Untuk mempercepat produksi, kita perlu mengalihkan semua pandai besi di wilayah ini dan stok galvanium yang ada ke proyek ini. Kita juga perlu memproduksi anak panah tombak baru untuk para prajurit. Sayang sekali, kan, kalau kita membuang apa yang sudah kita buat sejauh ini?
“Tidak apa-apa. Tombak biasa masih dibutuhkan dalam jumlah besar untuk suku cadang, dan kelebihannya bisa dibagikan kepada rakyat jelata dan Fraksi Kerajaan sebagai dukungan.”
“Hmm, mengerti. Kita akan menjadikan ini fokus produksi utama wilayah ini untuk saat ini.”
Bagus. Seperti biasa—cepat dan tepat. Kau tahu prosedurnya.
“Mengerti…”
Dengan itu, para kurcaci dan pandai besi di wilayah itu mulai mengerjakan desain ketapel baru.
Baru setelah Ghislain kembali dari konfliknya dengan Marquisate Roderick, berita itu tiba—prototipe itu telah lengkap.
Sambil memeriksa prototipe yang disiapkan para kurcaci, Ghislain mengangguk setuju.

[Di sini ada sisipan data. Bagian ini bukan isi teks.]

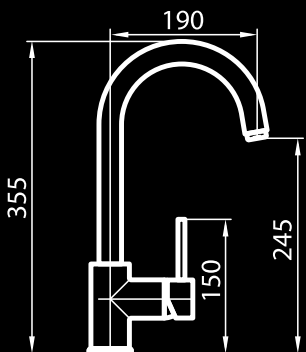

F2000 - Alto

Miscelatore monocomando con canna girevole.

Single lever faucet with rotating barrel.

piastra di rinforzo inclusa / strengthening plate is included
foro per miscelatore / hole for tap's building-in: $\varnothing$ 35 mm
base d'appoggio / built-in base: $\varnothing$ 50 mm
angolo di rotazione / rotating angle: 360°
cartuccia con dischi ceramici / ceramic disc cartridge
spessore max top / max worktop thickness: 55 mm
ingombro posteriore per rotazione comando /
rear encumbrance of control leverage: 40 mm

<i>finitura - finish</i>	<i>codice - code</i>	<i>prezzo - price</i>
<i>cromato / chromed</i>	8458 000	-
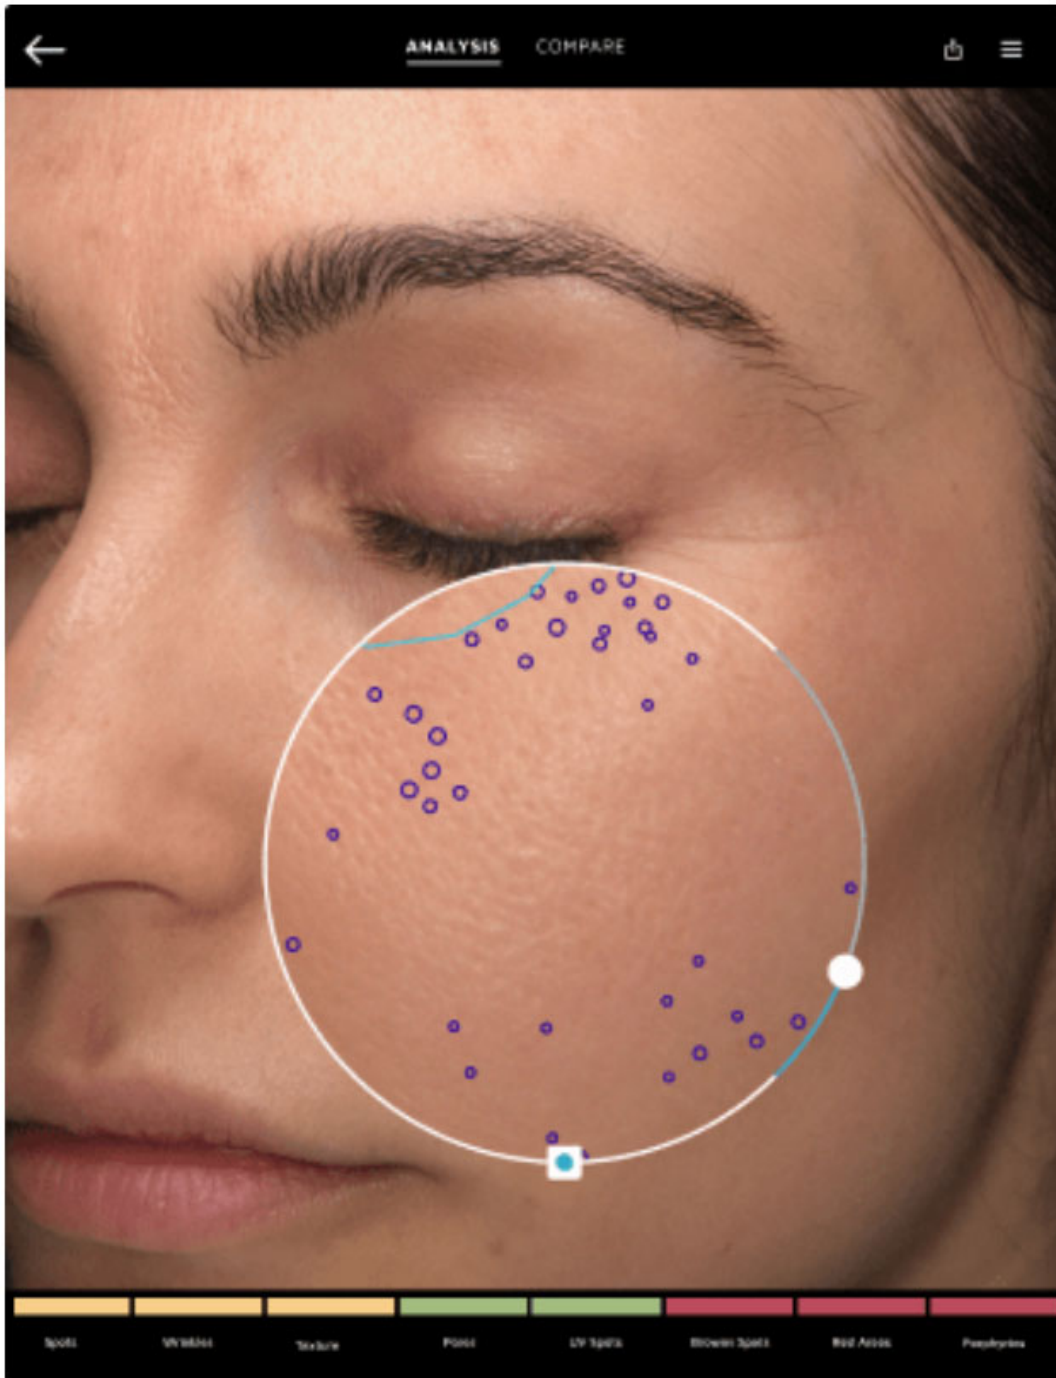

Visible Pores
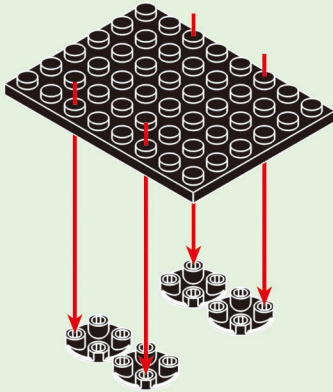

IT: ATTENZIONE! Non adatto a bambini di eta inferiore ai 3 anni. A causa di piccole parti.

freakware GmbH, Karl-Ferdinand-Braun-Str. 33, 50170 Kerpen (Germany)

www.Klembausteine.eu

1

x4

1-1

1-2

2x

1-3

4x

1-4

1-5

1-6

1-7

1-8

3x
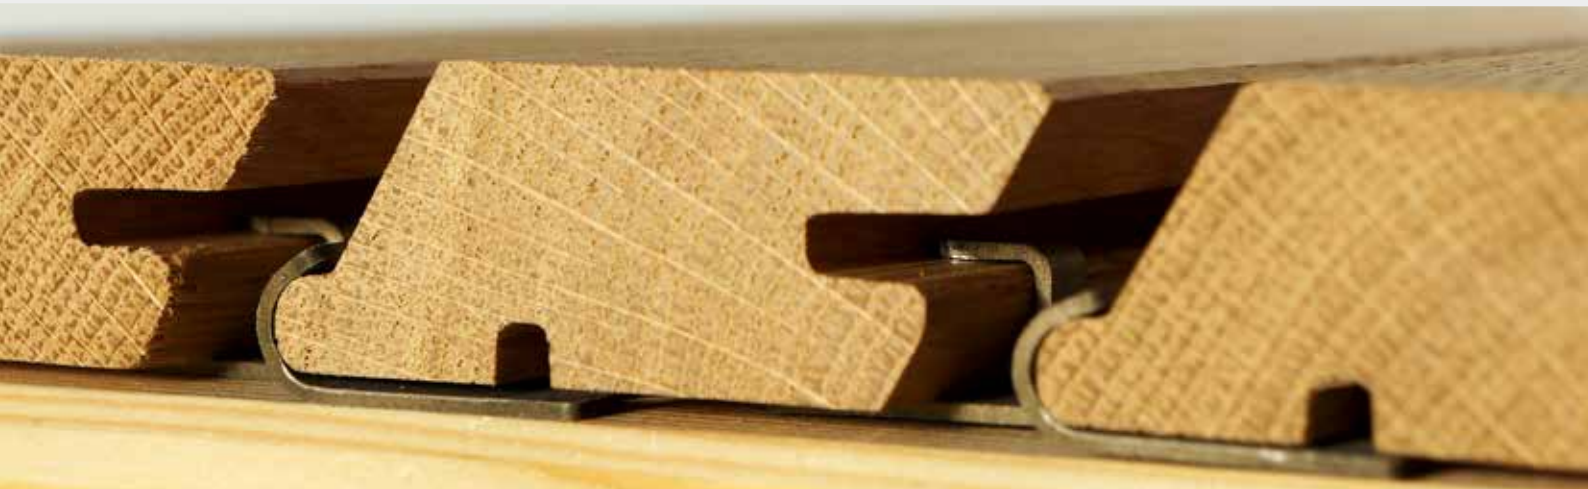

FASÁDNY SYSTÉM TIGA

TIGA - FASÁDNY SYSTÉM

- ▲ Montáž fasádneho systému Tiga je jednoduchá, rýchla a bezpečná.
- ▲ Osobitná pozornosť je venovaná funkčnosti a dizajnu.
- ▲ Ide o systém, kedy sa klipy uchytávajú na špeciálne vyfrézovanej profily z dreva.
- ▲ Na povrchu fasády nie sú nikde vidieť vruty.
- ▲ Na montáž nie sú potrebné žiadne špeciálne nástroje.

naklápací mechanizmus

masívny konektor

štartovacie klipy

na klip stačí jeden vrut

KONŠTRUKČNÁ OCHRANA

Integrovaná konštrukčná ochrana zabezpečuje odolnosť a trvanlivosť proti poveternostným vplyvom
- Fasády, balkóny, ploty budú mať dlhú životnosť.

FUNKČNOSŤ

Skrytá drážka na zadnej strane profilu rhombus zaisťuje odolné a bezpečné uchytenie v kombinácii s naklápacím mechanizmom Tiga klipu. Drážka na spodnej strane profilu slúži na nasunutie na hornú stranu klipu, ktorý je pripevnený k predchádzajúcemu profilu.

“Mereka terlihat bagus. Sekarang, mari kita pilih prajurit untuk latihan tempur.”
Seribu prajurit dipilih dan diperlengkapi dengan poros tombak baru dan komponen penghubungnya. Selama beberapa hari, mereka berlatih merakit trebuset galvaniium.
Kemudian tibalah hari demonstrasi.
Di antara wilayah-wilayah yang direbut Fenris, terdapat sebuah benteng kecil terbengkalai di dekatnya. Ghislain dan para ajudan dekatnya berkumpul di dekat lokasi tersebut untuk menyaksikan kekuatan senjata baru tersebut.
Dudududu!
Pada waktu yang ditentukan, seribu prajurit muncul dengan menunggang kuda.

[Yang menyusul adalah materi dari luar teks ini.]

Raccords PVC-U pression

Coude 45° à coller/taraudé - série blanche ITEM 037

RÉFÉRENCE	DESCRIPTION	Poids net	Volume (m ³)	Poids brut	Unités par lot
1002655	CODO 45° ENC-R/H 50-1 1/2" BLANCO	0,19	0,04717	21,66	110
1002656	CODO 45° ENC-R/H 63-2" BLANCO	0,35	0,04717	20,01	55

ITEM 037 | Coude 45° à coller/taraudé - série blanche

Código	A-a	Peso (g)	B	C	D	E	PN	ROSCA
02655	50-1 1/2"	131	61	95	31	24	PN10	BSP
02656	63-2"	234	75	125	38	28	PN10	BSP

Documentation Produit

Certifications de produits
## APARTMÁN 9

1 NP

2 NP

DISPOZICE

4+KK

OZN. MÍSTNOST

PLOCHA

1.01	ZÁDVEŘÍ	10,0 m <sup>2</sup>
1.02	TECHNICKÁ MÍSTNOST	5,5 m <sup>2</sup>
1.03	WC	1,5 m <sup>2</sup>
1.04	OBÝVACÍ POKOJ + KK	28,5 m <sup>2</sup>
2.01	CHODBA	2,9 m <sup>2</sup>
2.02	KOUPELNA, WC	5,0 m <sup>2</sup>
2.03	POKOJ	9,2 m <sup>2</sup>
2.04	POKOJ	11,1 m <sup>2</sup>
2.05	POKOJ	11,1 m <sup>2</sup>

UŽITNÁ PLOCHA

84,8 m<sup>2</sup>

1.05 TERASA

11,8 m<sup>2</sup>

Di Fenris, para prajurit dilatih untuk beradaptasi dengan semua jenis unit. Menunggang kuda kini dianggap sebagai pelatihan dasar.
Claude melambaikan tangannya, memberi perintah.
“Mulai!”
Para prajurit berkumpul menjadi tim-tim yang beranggotakan 200 orang dan mulai menyambung batang-batang tombak.
Dalam sekejap, lima ketapel berukuran sedang berhasil diselesaikan. Kecepatannya sungguh menakjubkan, membuat orang-orang yang melihatnya terkesima.
“Ooooh! Luar biasa!”
“Kecepatan luar biasa!”
“Senjata ini akan membawa revolusi dalam sejarah peperangan!”
Di tengah kekaguman khalayak, Galbarik memasang ekspresi puas, sekali lagi yakin bahwa dirinya adalah pandai besi terhebat di dunia.
Kini, hanya kekuatan senjatanya yang perlu diuji. Saat para prajurit mengisi batu dan bersiap menembak, alis Ghislain berkerut.
Salah satu ketapel itu… berderit dengan suara yang tidak menyenangkan.